Figure 2. Nick Kyrgios rank based on player ratings versus official ATP rankings for the 2021 and 2022 seasons.
The 2022 also saw an unprecedented change to the ranking systems due to politics. This was the choice to take away Wimbledon ranking points as retaliation for Wimbledon’s ban on Russian competitors. As the women’s champion at Wimbledon in 2022, this decision by the tours had a major impact on the trajectory of her rankings in the last 6 months. Prior to that, Rybakina’s player rating and ranking points were fairly consistent. But that pattern was disrupted by the handling of a single Major event by the tours, when politics took priority over the integrity of the rankings system.
Figure 3. Elena Rybakina’s rank based on player ratings versus official WTA rankings for the 2021 and 2022 seasons.

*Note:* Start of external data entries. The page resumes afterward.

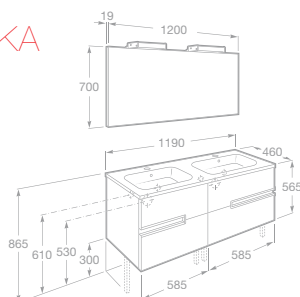

- ☐ 7855840806 Nábytková sestava 120 cm, skříňka se 4 zásuvkami, dvojumyvadlem a zrcadlem s osvětlením, lesklý lak, bílá, 28 172 Kč
- ☐ 7855840153 Nábytková sestava 120 cm, skříňka se 4 zásuvkami, dvojumyvadlem a zrcadlem s osvětlením, lesklý lak, antracit, 28 172 Kč
- ☐ 7855840154 Nábytková sestava 120 cm, skříňka se 4 zásuvkami, dvojumyvadlem a zrcadlem s osvětlením, textura dřeva, wenge, 28 172 Kč
- ☐ 7855840155 Nábytková sestava 120 cm, skříňka se 4 zásuvkami, dvojumyvadlem a zrcadlem s osvětlením, textura dřeva, dub, 28 172 Kč
- ☐ 7816413001 Nohy, 30 cm, pro umyvadlové skříňky a závěsnou skříňku, vždy pouze 1 pár, chrom, 800 Kč

NOVINKA

As maintainers of the You Cannot Be Serious Stats rating system, we can assure you that the system’s validity and reliability are our top priority. Our system has been built on the principles of data science with the sole aim to accurately and consistently quantify player skill, and that will continue to guide how we maintain and refine the system over time.
This is awesome! You mentioned that betting odds weren't being incorporated in the ratings model, which makes sense to me, but I'm curious as to how much better they are at predicting outcomes - would you happen to have any benchmarks to compare against for the same time period?
Great article, will you publish your full rankings?